Aberrant expression of trk receptor kinases and enhanced expression of various neurotrophins (NTs) have been implicated in the development and progression of human prostatic carcinoma and pancreatic ductal adenocarcinoma. We examined the antitumor efficacy of administration of NT neutralizing antibodies on the growth of established human prostatic carcinoma and pancreatic ductal adenocarcinoma xenografts in nude mice.

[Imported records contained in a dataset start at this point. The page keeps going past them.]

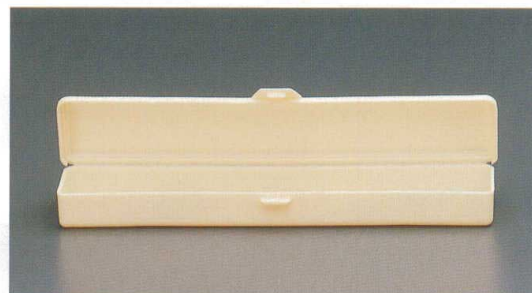

AHC-225 箸(四角)市松柄
22.5cm SPS 黒 ¥250

AHC-210 箸(四角)市松柄
21cm SPS 黒 ¥230

市松柄

■ SPS 市松柄 箸 ■

手に馴染みやすく
市松模様がモダンな
お箸のご紹介です。

箸箱

KB-210 箸箱 224×48×25 アイボリー
ポリプロピレン ¥290
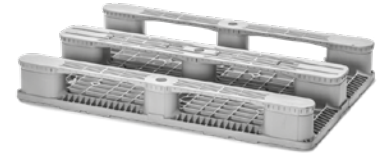

PALLETTEN

1200 x 800 mm

Premium (regeneraat)

Art. nr. **PPP-8310 (PP1208ODR)**

Uitw. afm.	L 1200 x B 800 x H 157 mm
Materie	PP/REG
Uitvoering	3 sleeplatten
Dek	Open
Inrijhoogte	95 mm
Gewicht	18 kg
Kleur	●
Belading	4000 kg statisch 2000 kg dynamisch 1000 kg in rack
Verpakking	15 pallets/stapel

Art. nr. **PPC-8310 (PP1208CDR)**

Uitw. afm.	L 1200 x B 800 x H 157 mm
Materie	PP/REG
Uitvoering	3 sleeplatten
Dek	Gesloten
Inrijhoogte	95 mm
Gewicht	18 kg
Kleur	●
Belading	4000 kg statisch 2000 kg dynamisch 1000 kg in rack
Verpakking	15 pallets/stapel

Premium (rein materiaal)

Art. nr. **PPP-8300 (PP1208OD)**

Uitw. afm.	L 1200 x B 800 x H 157 mm
Materie	PPC
Uitvoering	3 sleeplatten
Dek	Open
Inrijhoogte	95 mm
Gewicht	18 kg
Kleur	●
Belading	4000 kg statisch 2000 kg dynamisch 1000 kg in rack
Verpakking	15 pallets/stapel

Art. nr. **PPC-8300 (PP1208CD)**

Uitw. afm.	L 1200 x B 800 x H 157 mm
Materie	PPC
Uitvoering	3 sleeplatten
Dek	Gesloten
Inrijhoogte	95 mm
Gewicht	18 kg
Kleur	●
Belading	4000 kg statisch 2000 kg dynamisch 1000 kg in rack
Verpakking	15 pallets/stapel

PPP-8300
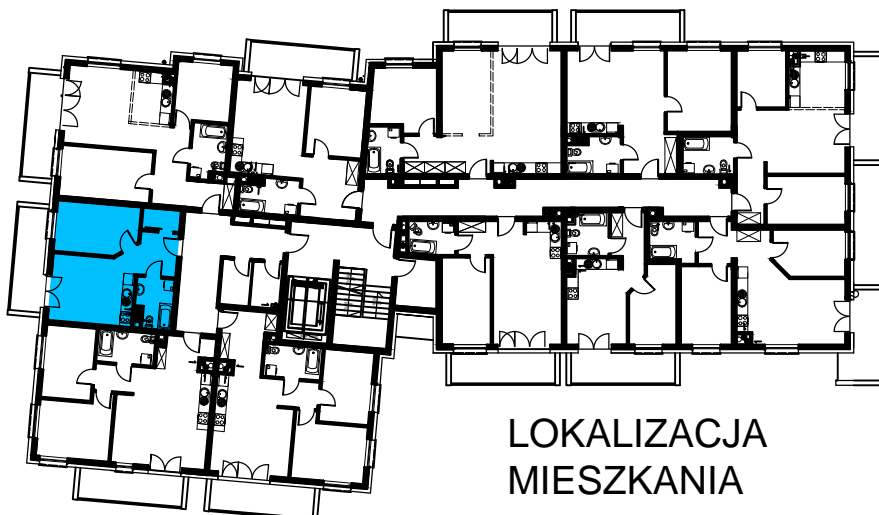

BUDOWNICTWO PIETRZAK

SMOLARNIA

BUDYNEK WIELORODZINNY
MŁAWA, UL. SMOLARNIA
III Piętro, mieszkanie NR 91
Powierzchnia użytkowa: 38,36m²

LOKALIZACJA
MIESZKANIA
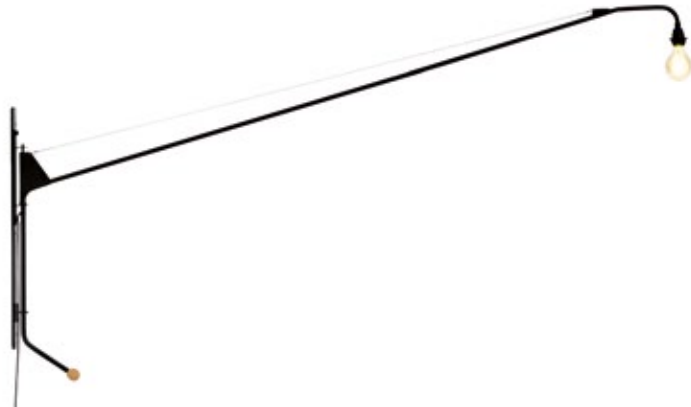

Potence

Jean Prouvé, 1950

vitra.

Potence

La lampe murale pivotante Potence conçue pour la maison « Tropic » est considérée comme un chef-d'œuvre puriste de Jean Prouvé. Ce luminaire, long de plus de deux mètres et équipé d'un variateur, fascine notamment par l'utilisation parcimonieuse des matériaux et par ses formes sobres.

Matériaux

- **Matériaux** : tube d'acier, revêtement époxy, bois de hêtre, variateur sur fil, ampoule incluse

Measurements

Potence
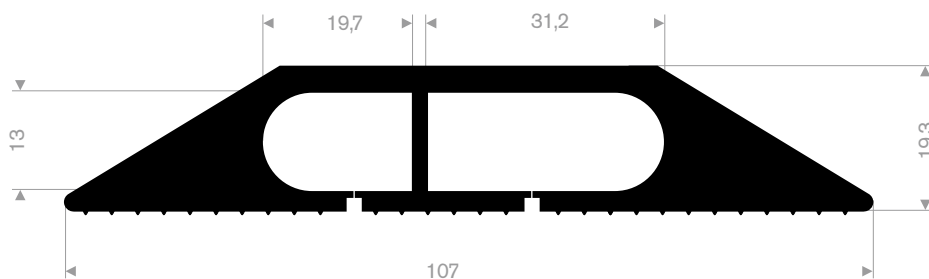

212.00.088
EPDM 70° Shore black
roll length 30 meter

215.00.477
PVC 92° Shore black/yellow
roll length 9 meter
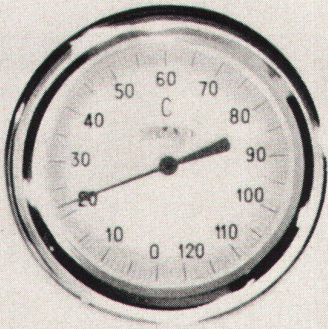

therma

**Unsere Kunden
möchten wissen,
was alles wir
liefern können**

Bitte!
Hier ist unser Grossküchen-
Sortiment:

Elektrische Apparate:

Pensionsherde
Restaurationsherde
Hotelherde
Kippkessel
Bratpfannen
Compactkessel
Compactbratpfannen
Brat- und Backöfen
Patisserieöfen
Dämpfer
Grill
Salamander
Broiler
Milchkocher
Kaffeemaschinen
Wärmeschränke
Tassenwärmer
Handtuchrockner

Gasbeheizte Apparate:

Restaurationsherde
Pensionsherde
Hotelherde
Kippkessel
Bratpfannen
Compactkessel
Compactbratpfannen
Brat- und Backöfen
Grill
Salamander

Mit Ölheizung:

Restaurationsherde

**Dampf- und Heisswasser-
heizung:**

Kippkessel
Compactkessel
Dämpfer
Wärmeschränke
Milchkocher

**Grosskücheneinrichtungen
aus Chromnickelstahl:**

Cheftische
Garde-manger-Tische
Patisserietische
Ablagetische
Rüsttische
Koch-Tische

Spültröge:

Rüsttröge
Gemüsewaschröge
Geschirrspültröge
Kasserollenspültröge
Ausgüsse
Ein- und Auslaftische
zu Geschirrspülmaschinen
Fleischtröge
Fischbassins

Transportgeräte:

fahrbare Tröge
Blechwagen
Speisetransportwagen
Abfallrollis
Lebensmittelrollis

Speisen-Verteilanlagen:

Ausgabebuffets
Selbstbedienungsbuffets
Fliessband-Verteilanlagen
für Kantinen
Speisenausgabewagen
Geschirrwagen
Abräumwagen

Wenn Sie die Liste durchgelesen
haben, sind Sie im Bilde.

War Ihnen die Aufstellung zu lang,
und Ihre Geduld zu kurz,
ist das weiter auch nicht schlimm
(die Liste ist ja auch nie vollständig,
da wir laufend Neues entwickeln).

Fragen Sie uns einfach an:
können wir Ihnen einmal nicht dienen,
wissen wir zumindest, wer es kann.

Therma Grossküchen

Gemeinsame Entwicklungs-, Planungs-
und Verkaufs-Organisation der
Grossküchenwerke Elcalor AG,
Sursee-Werke AG und Therma AG.
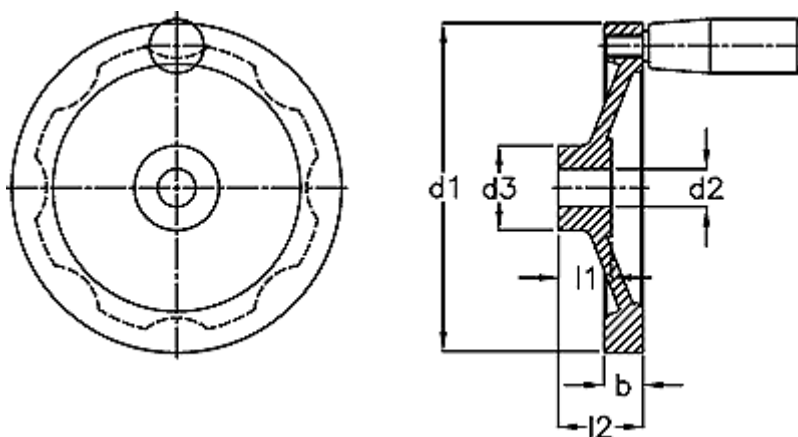

# Data Sheet

Article number: 20350299

Description: E+G Handwheel  
GN 321.5-125-K12-D-DR

## Measures

b	= 17
d1	= 125
d2 H7	= 12
d3	= 29
l1	= 18
l2	= 42.0
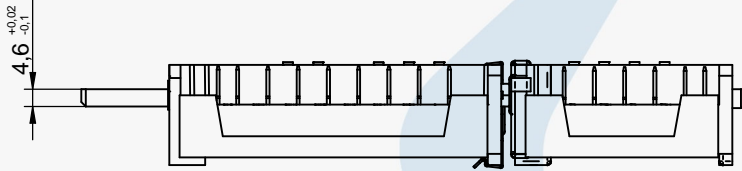

**KAPAKLI / WITH COVER****PANEL CUT  
MONTAJ ÖLÇÜSÜ****KAPAKLI / WITH COVER****KAPAKSIZ / WITHOUT COVER**

AN-EL ANAHTAR VE ELEKTRİKLİ EV ALETLERİ SANAYİ A.Ş.

**CASCADE / AKUPLE**

TELEFON : +90 216 307 74 01

<http://an-el.com.tr> [info@an-el.com.tr](mailto:info@an-el.com.tr)

**ÇEVİRMELİ ANAHTARLAR**

KAPAKLI / WITH COVER

KAPAKLI  
WITH COVER

PANEL CUT  
MONTAJ ÖLÇÜSÜ

KAPAKSIZ  
WITHOUT COVER

KAPAKLI / WITH COVER

KAPAKLI  
WITH COVER

KAPAKSIZ  
WITHOUT COVER

PANEL CUT  
MONTAJ ÖLÇÜSÜ
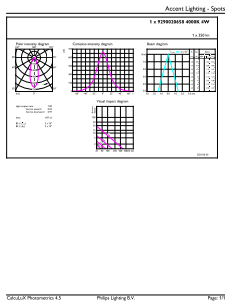

## Bản vẽ kích thước

CorePro LEDspot 4-50W GU10 840 36D DIM

Product	D	C
CorePro LEDspot 4-50W GU10 840 36D DIM	50 mm	54 mm

## Dữ liệu phân bố ánh sáng

Accent Lighting Spots

Spectral Power Distribution Colour
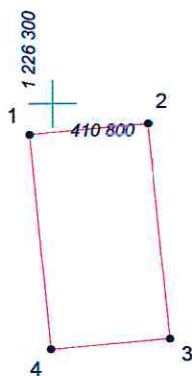

КАРТА (ПЛАН) ГРАНИЦ

Объект: Прилегающая территория №23 в микрорайоне №3

Адрес (местоположение): г. Чебоксары, ул. Н. Сверчкова, д. 9, кор. 2, кв. 1

Площадь участка: 0,0123 га (122.67 кв.м.)

Масштаб 1:500

Условные обозначения:

-  граница прилегающей территории
-  точка поворота границы и ее номер
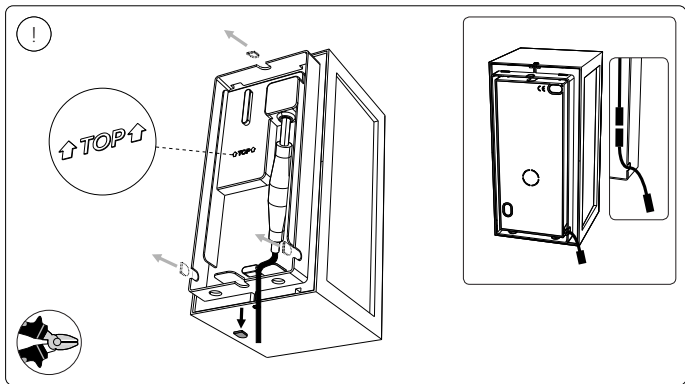

Excl.

- EN** Use only with Philips Hue 24V **===**SELV IP67 LED power supply!
- DE** Verwendung nur mit Philips Hue 24V **===**SELV IP67 LED-Stromversorgung!
- FR** Utiliser uniquement avec l'alimentation LED Philips Hue 24V **===**SELV IP67!
- ES** Se utiliza solo con la fuente de alimentación LED Philips Hue SELV 24V **===**IP67!
- PT** Utilize apenas com fonte de alimentação LED SELV Philips Hue de 24V **===**IP67!
- IT** Da utilizzare solo con un alimentatore LED Philips Hue 24V **===**IP67!
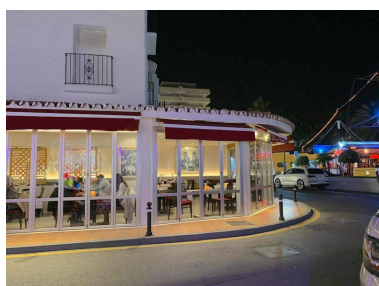

Comercial en Puerto Banús

Referencia: R2461418

Dormitorios: por petición

Baños: por petición

M²: 110

Precio: 8.500.000 €

Estado: Venta

Tipo de propiedad:
Comercial

Plazas: por petición

Día de la impresión : 10th
Junio 2026

Descripción: Interesante local en puerto Banus, con licencia para restaurant, equina, cerca de Luis Vuitton y Dolge & Gabbana, Jummy Choo, all the Top Brands
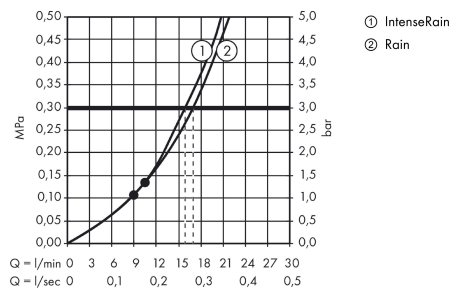

Croma Select E horní sprcha 180 2jet

Povrch: **chrom** Číslo položky: **26524000**

Popis

Vlastnosti

- velikost sprchového modulu: 187 x 187 mm
- typ proudu: Rain, IntenseRain
- přepínání tlačítkem Select na horní sprše
- kulový kloub: nastavitelný úhel horní sprchy
- materiál disku vodních proudů: plast
- maximální průtokové množství při 3 barech: 17 l/min
- průtokové množství proudu Rain (při 3 barech): 17 l/min
- průtokové množství proudu IntenseRain (při 3 barech): 16 l/min
- minimální průtokový tlak: 1 bar
- při čištění lze pohledový díl horní sprchy sejmout
- montáž: strop nebo stěna
- spojovací závit G $\frac{1}{2}$
- rozměr přívodů: DN15
- vhodné pro průtokový ohřivač
- EPD_20230020_Overhead_showers

Technologie

Certifikáty / Udržitelnost

Obrázek výrobku

Kótovaný výkres

Croma Select E horní sprcha 180 2jet

Povrch: **chrom** Číslo položky: **26524000**

Průtokový diagram

Společební hodnoty byly v praxi měřeny na příslušných armaturách (termostat/baterie/podomítkový ventil).
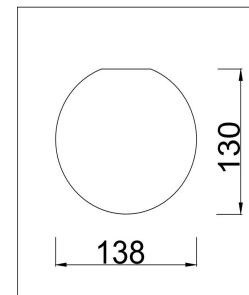

freya

Инструкция FR5011WL-01B

1xE14 40W

Модель: FR5011WL-01B
Коллекция: Modern
Серия: Paolina
Настенный светильник
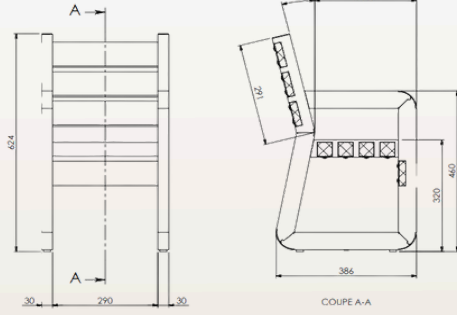

Avec Accoudoirs

In initial studies, tumor-bearing nude mice were treated with a mixture of NT antibodies [100 microg each of anti-nerve growth factor (NGF), anti-brain-derived neurotrophic factor, anti-NT-3, and anti-NT-4/5] or normal rabbit IgG (400 microg) intratumorally and peritumorally three times/week over a 15-day dosing period. In subsequent studies, tumor-bearing nude mice were treated with individual NT antibodies (100 microg), affinity-purified anti-NGF (0.1, 1.0, or 10.0 microg), or normal rabbit IgG (100 microg) using the same dosing schedule.

Treatment with the antibody mixture inhibited significantly the growth of TSU-Pr1 and AsPC-1 xenografts as compared with IgG-treated controls (maximal inhibition of 53 and 53%, respectively), whereas this treatment caused significant regression in PC-3 xenografts. Treatment of TSU-Pr1 xenografts with either anti-NGF or anti-NT-3 resulted in maximal tumor growth inhibition of 67 and 64%, respectively, whereas anti-brain-derived neurotrophic factor and anti-NT-4/5 did not inhibit tumor growth in this tumor model. Administration of various concentrations (0.1, 1.0, or 10.0 microg) of affinity-purified anti-NGF resulted in maximal TSU-Pr1 tumor growth inhibition of 49, 62, and 66%, respectively.

These data add further support for the therapeutic potential of disrupting trk-signaling events in select types of nonneuronal human cancers, specifically prostatic and pancreatic carcinomas.